Three Month Ride
I'm dancing in Sacramento at the moment, and it's a beautiful city. There are rivers and great bars and people. But, one thing I've noticed a lot here is the homeless, and it got me thinking about my times without a home. Well, that's actually not the truth, I had a car to live in.
I don't know why I decided to live in my car. I had money, I was attending college, and working two jobs. Also, I was flying to Korea for a two week vacation at that time. All I know is, I ended up living in my car for three months.
I owned an Isuzu Rodeo at the time. They're smaller SUVs, so I had enough room in the back to stretch out. All I owned were my clothes, my school supplies, and the Isuzu. It wasn't like I needed a lot of storage. Maybe, I just wanted to see if I could do it, or maybe...
The first month was terrible. I didn't know where to park, or which places were safe. I first started parking on a street that had a lot of activity. Every ten minutes a car or someone would pass by. I thought this would be safer because there were people around to protect me. If someone did mess with me, someone else would see and come to my rescue. I was wrong.
I didn't get much sleep the first month. I would wake up every ten minutes because of a car passing by, or people walking by. I hung my clothes up all around my back windows, so no one could see in "my home" so to say. But this only made me more paranoid with so much activity all around me.

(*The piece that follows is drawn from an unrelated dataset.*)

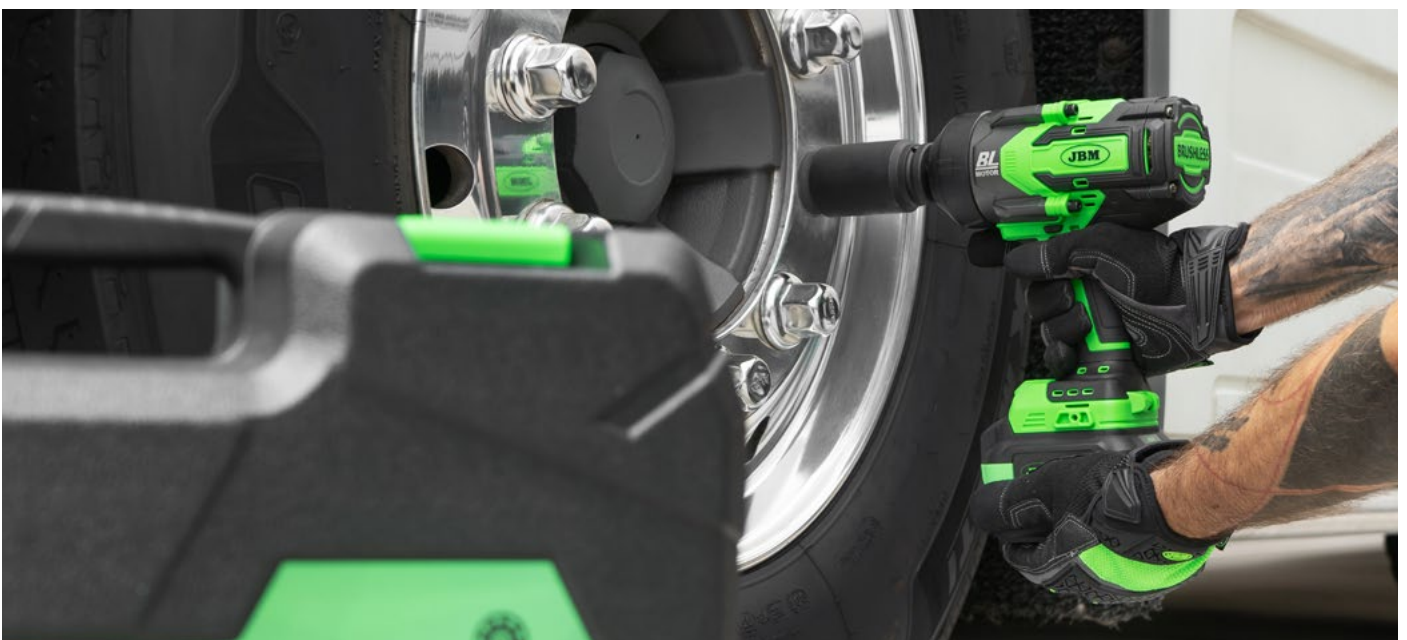

660,00€

60005 BRUSHLESS SCREWDRIVER

Brushless impact driver ref. 60005 designed to drive in screws and tighten nuts quickly, especially when working with long fasteners and tough materials.

RRP: 132,00€

PROMO-60005A

Every thing I heard sounded like someone knocking on my car. I thought it might be the police going to write me a ticket. On a few occasions, I heard people walking by talking about how they knew someone was in the back of that Isuzu. They would say, "look at those clothes hung up, I bet someone's back there." I knew I had to leave such a loud scene.
Now, some of you might be asking, how did I shower? or brush my teeth; basically how did I keep presentable? At the time, I worked for the YMCA. I had a free gym membership, so everyday I went to the gym. I would lift weights, swim, or play basketball, then I would shower and make myself a hot stud.

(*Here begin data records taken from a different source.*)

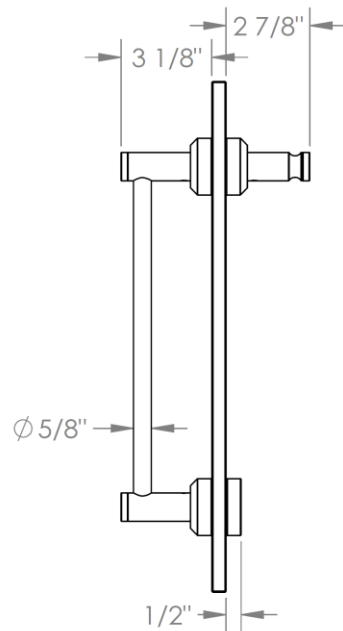

**25-0.1-\_\_SDP**

Glass Mounted Door Pull with Knob  
For use with 1/2" thick glass with Ø1/2" Holes

Model No.	Dimension of L
25-0.1-6SDP	6"
25-0.1-12SDP	12"
25-0.1-18SDP	18"
25-0.1A-SDP	24"

**WATERMARK DESIGNS**

I have to tell you, at this time, I was in shape. Not only was I working out constantly, but I mostly ate canned food; tuna, green beans, and other vegetables. I was a rock. Actually, when I look at the pictures of this time, I was skinny. I could tell I wasn't happy, but it was a learning experience.
The second month was easier. I found comfortable places to park my car. Places where I didn't have to worry about people finding out I was in the back of the Isuzu. I found a little park next to a harbor. It stayed open til 2 am. There were other campers and the like parked inside the parking lot, so I blended in. I would sleep till 1:45, then drive to a quiet street and sleep till morning. It was working well.

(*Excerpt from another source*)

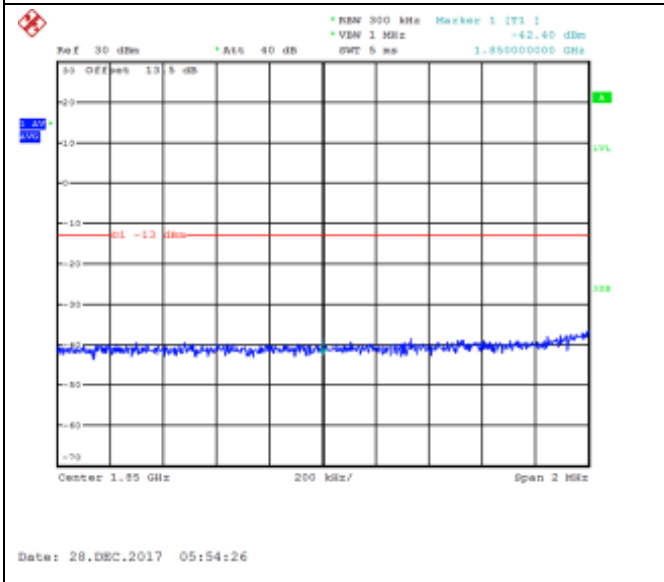

QPSK Low channel-37 RB offset 38

I also discovered I had comrades. Of course the people you can tell; the dishevelled, raggedy Ann's and Andy's we always walk by, brought me in. They seem to bring everyone in. But, there were "respectable" people too. Business men and women would see me sitting in my parked car, and tell me past experiences. They would say, " to get through college I had to sleep in my car too, keep fighting." I practiced martial arts at this time. Accomplished people in my classes would tell me they've done it at my age to get by. Business men in suits would see my belongings hanging up, and tell me, "you'll make it." It felt good to belong.
Into my third month, I found a nice quiet street. It had large houses with huge lots, so I didn't have to worry about people seeing me from their home windows. There lots were too big to see me out on the street. Also, there weren't many street lights. It was nice and dark, I could get a nice sleep without any lights shining through my windows. It seemed this street had no activity at all, I was safe in "my little home."
I don't know if people know this, they probably do because everyone does it. A lot of people bump your car. I think I had at least two people a night bump my car from parallel parking, getting too close to my bumper. After awhile you get used to it. Also, I wasn't going to come running out the back and scream at people; cops would come for sure. So I just laid in the back with my comforter over my head, protected from any observable eyes.
One night I laid half asleep under my comforter, when I heard a loud noise. It was about 2 am, and at first I thought it was someone just bumping my car, while they were parking. So I continued trying to sleep. I don't know why, but I decided to sit up and see what was going on. Maybe it was because the sound was loud, and close.
I sat up, looked in front of me, and I saw the back of a head sitting in my drivers seat. There's a guy sitting in my car, trying to start it. At first, I didn't know what to do. I could feel my heart swing dancing in my chest, I was terrified. I just looked at him for about 10 seconds wondering if it was real. He never looked back, or noticed I was behind him.
I crawled on my knees, in sort of a run, towards him, and yelled as loud as I could. When I reached the back of his seat, I swung with all my force at his head. I must have scared him more than he scared me. In less time it took me to get behind him, he was out the door running for a brown Camaro. His friend was waiting outside in the Camaro. When the car thief reached his passenger side, they dragged raced off into the sunset.
I was shaking like a baby rattle. My heart was making the rattle noise. I knew I couldn't sleep in my car from that time forward. They might be back, I would be in trouble. I called a friend, and couched surfed my way for a little time.
I can't imagine what I would have done if I never sat up and saw what was happening. What would I have done if my car started moving while I was lying in the back? Or worse, I could have slept through it all, and woke up the next day in a TJ chop shop. Never again.